Mit dem Leben bezahlt

Afghanische Journalisten kritisieren tödliche Befreiungsaktion

Karin Leukefeld
Wie Zivilisten und Mitarbeiter von Hilfsorganisationen geraten auch Journalisten im NATO-Krieg in Afghanistan zwischen die Fronten. Jüngstes Opfer ist der afghanische Kollege Sultan Munadi, der bei einer Befreiungsaktion erschossen wurde, die ihm und dem britisch-irischen Journalisten Stephen Farrell von der New York Times (NYT) galt.

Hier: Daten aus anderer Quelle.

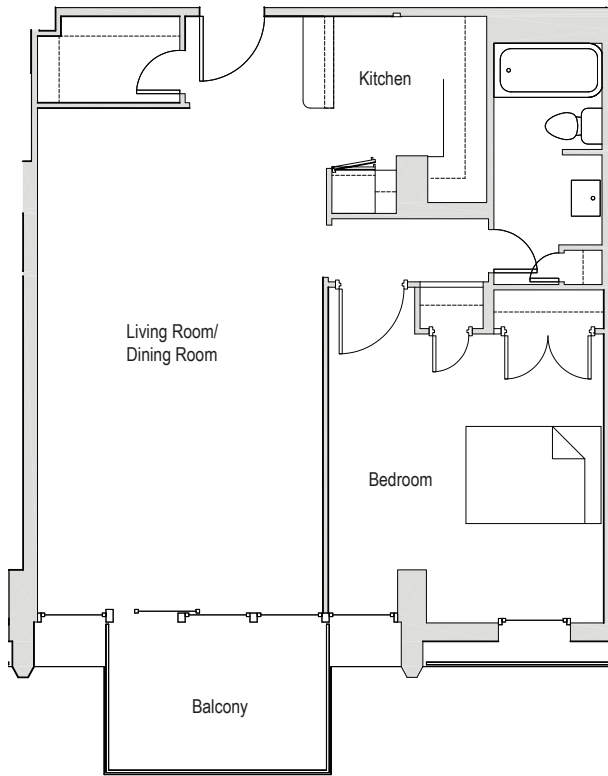

## Apartments 121-821

### 1 Bedroom/1 Bath

- Wenge finish cabinetry w/ quartz counters, tile backsplash, stainless appliances, and breakfast bars
- Huge windows and sliding patio doors
- Large floor plans with big balconies
- Large closets
- Hardwood flooring
- Great views
- Central heat and AC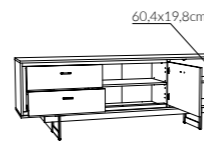

type MWST03 →/↕/↔
160-240/78/90cm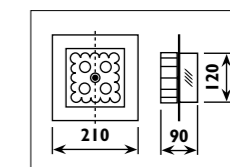

JD39

Metal body with crystal droplets							
Code	Class	IP	QC	Base	Lamp/s Max	Transformer included (not dimmable)	Colour/s
JH115	I	20	20	G4	21 x 20w	•	• Chrome body Clear crystal

Metal body with crystal glass shade							
Code	Class	IP	QC	Base	Lamp/s Max	Transformer included (electronic)	Colour/s
JD38	I	20	21	G4	3 x 20w	•	• Chrome/ Aluminium body Clear crystal
JD39	I	20	21	G4	4 x 20w	•	•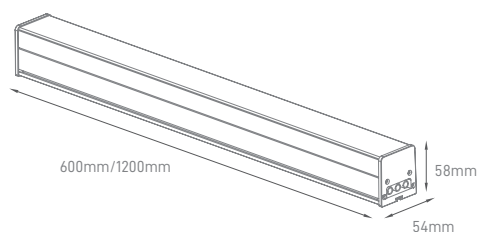

LINEAR MODULAR LIGHT

POWER	COLOR TEMPERATURE	TOTAL LUMINOUS FLUX (±5%)	BEAM ANGLE	IP	VOLTAGE	SIZE	MOUNTING TYPE	BODY MATERIAL	COLOR	SKU
20W	3CCT	2400lm	120°	IP20	170-265V	600x54x58mm	Surface/Suspended	Aluminium+PC	Black	ILAR-02111
40W	3000K-4000K-6000K	4800lm				1200x54x58mm				ILAR-02112

EXAMPLES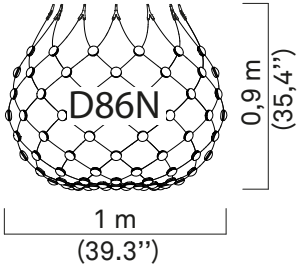

# MESH

design Francisco Gomez Paz

**LUCE  
PLAN**

D86/1

LUCEPLAN

—  
Google Play

APP  : [www.luceplan.com/products/mesh-wireless](http://www.luceplan.com/products/mesh-wireless)

D86/W1  
D86/W5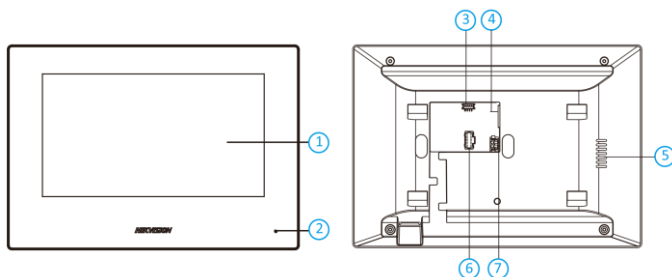

## Key Feature

- User friendly design
- 7-inch colorful touch screen with resolution 1024 × 600
- Standard PoE
- Views live video of door stations and linked cameras

## Physical Interface

No.	Description	No.	Description
1	Screen	5	Loudspeaker
2	Microphone	6	Alarm Terminal
3	Debugging Port	7	Power Supply Terminal
4	Network Interface		

## Specification

System parameters	
Operating system	Linux
ROM	32 MB
RAM	128 MB
CPU	Embedded processor
Display parameters	
Screen size	7-inch

Operation method	Capactive touch
Type	TFT LCD
Resolution	1024 × 600
Video parameters	
Lens	/
Resolution	/
FOV	/
WDR	/
Video compression standard	/
Focal length	/
Audio parameters	
Audio compression standard	G.711 U, G.711 A
Audio input	Built-in omnidirectional microphone
Audio output	Built-in loudspeaker
Audio compression bitrate	64 Kbps
Audio quality	Noise suppression and echo cancellation
Volume adjustment	Adjustable
Capacity	
Event capacity	200
Notice capacity	16
Linked indoor extensions capacity	5

Network parameters	
Communication protocol	TCP/IP, RTSP
Wired network	Support
Wi-Fi standard	/
Bluetooth version	/
3G/4G standard	/
Zigbee	/
Device interfaces	
Alarm input	8
Network interface	1 RJ-45 10/100 Mbps self-adaptive
TAMPER	/
RS-485	/
USB	/
TF card	/
Alarm output	/
Power interface	1
General	
Button	/
Installation	Flush mounting, wall mounting, table mounting
Indicator	/
Protective level	/
Working temperature	-10 ° C to 50 ° C (14 ° F to 133 ° F)
Working humidity	10% to 90%
Dimensions	200 mm × 140 mm × 15.1 mm (7.87" × 5.51" × 0.59")
Battery	/
Power supply	IEEE802.3af, standard PoE 12 VDC
Application environment	Indoor
Power consumption	≤ 8 W
Language	English, French, Portuguese (Brazil), Spanish, Russian, German, Italian, Polish, Turkish, Vietnamese, Arabic, Czech, Hungarian, Dutch, Romanian, Bulgarian, Ukrainian, Croatian, Serbian, Greek, Portuguese, Slovak
Weight	Without package: 330 g (0.73 lb),With package: 667g (1.47 lb)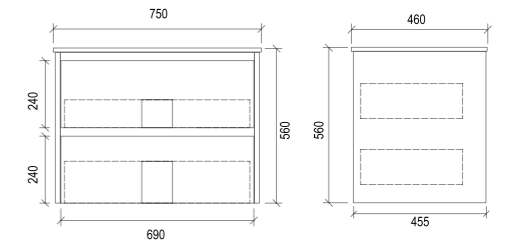

Item Code	WHTD750
Size	750x460x560mm
Description	· Wall Hung Vanity · PVC Waterproof Cabinet · Soft Close Drawers · 1 Tap Hole Ceramic Basin

WHTD750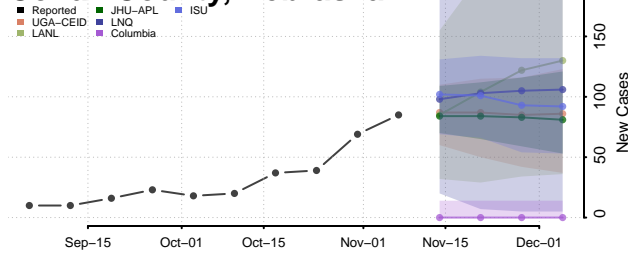

Cedar County, Nebraska

Chase County, Nebraska

Cherry County, Nebraska

Cheyenne County, Nebraska

Clay County, Nebraska

Colfax County, Nebraska

Cuming County, Nebraska

Custer County, Nebraska

Die beiden hatten am Ort des von der Bundeswehr angeforderten Luftangriffs auf zwei gestohlene Tanklastwagen recherchiert. Während sie Interviews mit Dorfbewohnern führten, wurden sie von einer Gruppe bewaffneter Männer entführt. Vier Tage gab es keine offiziellen Nachrichten, die NYT schwieg, vermutlich, weil Lösegeldverhandlungen geführt wurden. Der britische Geheimdienst entschied die Befreiungsaktion »ohne Kenntnis der Lage vor Ort«, wie die britische Tageszeitung The Guardian am Donnerstag berichtete.

Die NATO ging gewaltsam vor, obwohl Verhandlungen über eine Freilassung gut angelaufen waren, meldete die Nachrichtenag...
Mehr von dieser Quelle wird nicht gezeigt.